# WORK TASK
Where an entry holds an image, skip the image but reproduce the rest word for word.

[Dataset items]
------------------------------------------------------------------------

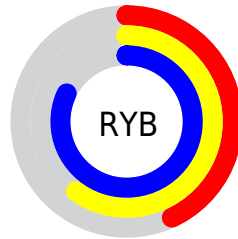

- Red (43%)
- Yellow (60%)
- Blue (82%)
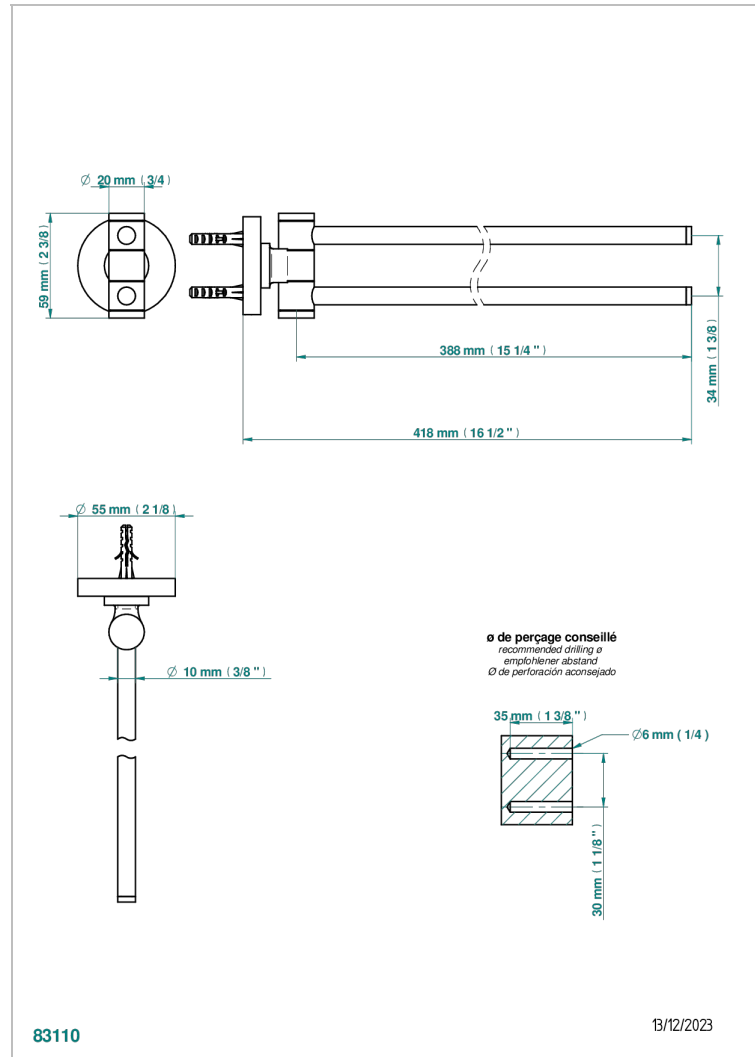

ZOOM.5

U4J-522

Towel bar 15 3/4" long, double swivel

CHARACTERISTIC

- Zoom.5
- Towel bar 15 3/4" long, double swivel

AVAILABLE FINITIONS

Black ceram - D30
Blush PVD - H62
Brass color PVD - H49
Brown bronze color PVD - F33
Chrome polished - A02
Gold color PVD - H52

------------------------------------------------------------------------

# TASK RESPONSE
- Red (43%)
- Yellow (60%)
- Blue (82%)

ZOOM.5

U4J-522

Towel bar 15 3/4" long, double swivel

CHARACTERISTIC

- Zoom.5
- Towel bar 15 3/4" long, double swivel

AVAILABLE FINITIONS

Black ceram - D30
Blush PVD - H62
Brass color PVD - H49
Brown bronze color PVD - F33
Chrome polished - A02
Gold color PVD - H52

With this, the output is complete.